---- Information shown

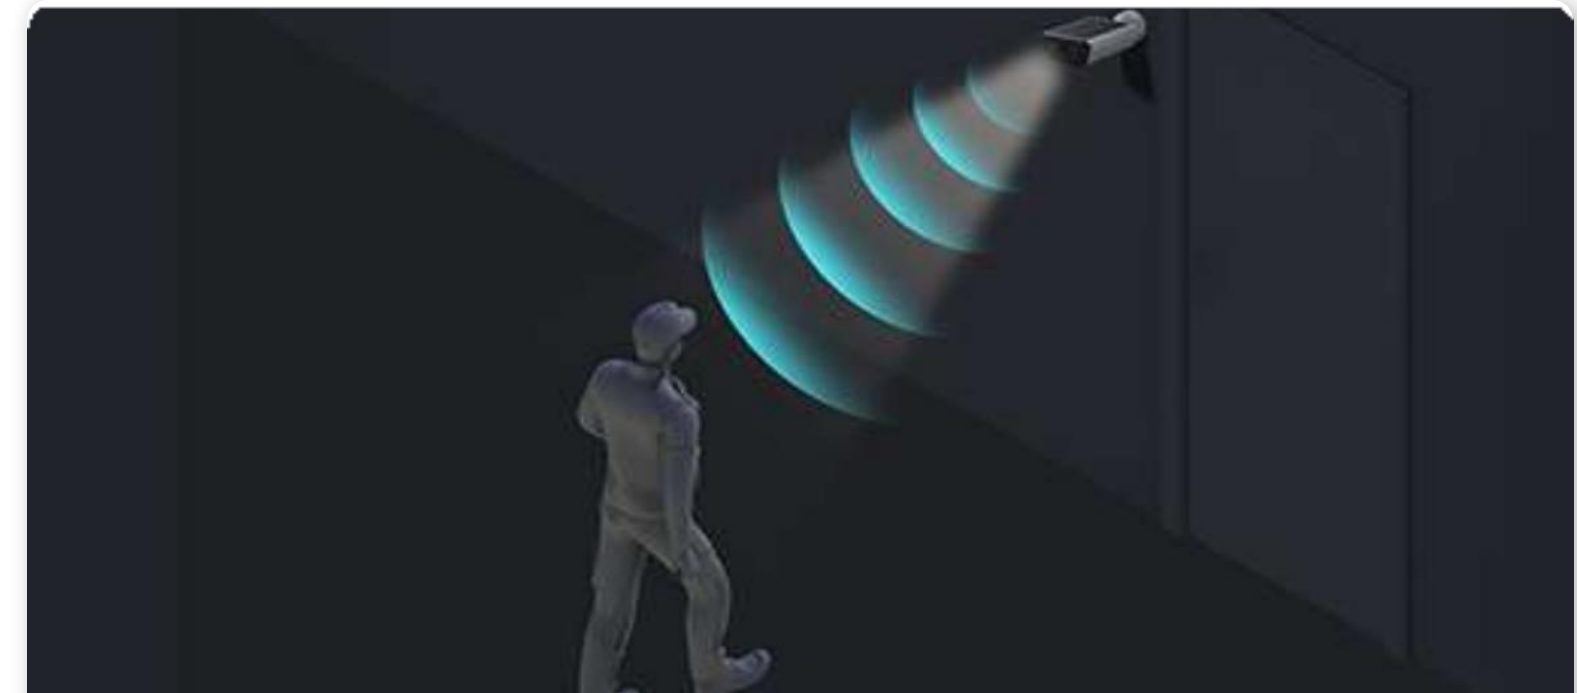

Defensa activa para disuadir y proteger

Al detectar intrusos, la cámara emite una fuerte sirena y hace parpadear dos focos deslumbrantes para que los extraños no invitados sepan que han sido detectados.
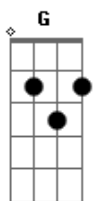

Harmonia do Samba - Nova Dança

tom:

Intro: G Em Am D7

[Solo] D E Gb G D E B D E B D B E E D E E D
D E Gb G D E B D C B D A A G

G Am D7 G

E aconteceu? Chegou

Am D7 G

Quem não ficou? Não viu

Am D7 G

E quem não viu? Perdeu

Am D7 G D7

E a nova dança? Surgiu

G

Joga pro lado pro lado

Am D7

pro outro pro outro

G

Pro lado pro lado

Am D7

pro outro pro outro

G Am

Joga pro lado e para o outro

D7 G

Pescocinho para frente

Am D7

mexe a cabeça e o pescocinho

G Am D7 G

se movimente mexe a cabeça e o pescocinho

Am D7 G

é no balanço nega é no balanço nega

Am D7 G

no pescocinho nega na cabeçinha nega

Am D7 Bm

Eu sei que no põe põe você dança muito bem

Am D7 G

Dança da uva, é nota cem

Am D7 Em

Chega de mansinho você vai se encantar

Am D7 G

Com a nova dança que o Harmonia vai mostrar

Acordes

© ukulele-chords.com

--------

_Assignment_:
Without any of the pictures, repeat the entries above word for word.

_Response box_:
Defensa activa para disuadir y proteger

Al detectar intrusos, la cámara emite una fuerte sirena y hace parpadear dos focos deslumbrantes para que los extraños no invitados sepan que han sido detectados.

Harmonia do Samba - Nova Dança

tom:

Intro: G Em Am D7

[Solo] D E Gb G D E B D E B D B E E D E E D
D E Gb G D E B D C B D A A G

G Am D7 G

E aconteceu? Chegou

Am D7 G

Quem não ficou? Não viu

Am D7 G

E quem não viu? Perdeu

Am D7 G D7

E a nova dança? Surgiu

G

Joga pro lado pro lado

Am D7

pro outro pro outro

G

Pro lado pro lado

Am D7

pro outro pro outro

G Am

Joga pro lado e para o outro

D7 G

Pescocinho para frente

Am D7

mexe a cabeça e o pescocinho

G Am D7 G

se movimente mexe a cabeça e o pescocinho

Am D7 G

é no balanço nega é no balanço nega

Am D7 G

no pescocinho nega na cabeçinha nega

Am D7 Bm

Eu sei que no põe põe você dança muito bem

Am D7 G

Dança da uva, é nota cem

Am D7 Em

Chega de mansinho você vai se encantar

Am D7 G

Com a nova dança que o Harmonia vai mostrar

Acordes

© ukulele-chords.com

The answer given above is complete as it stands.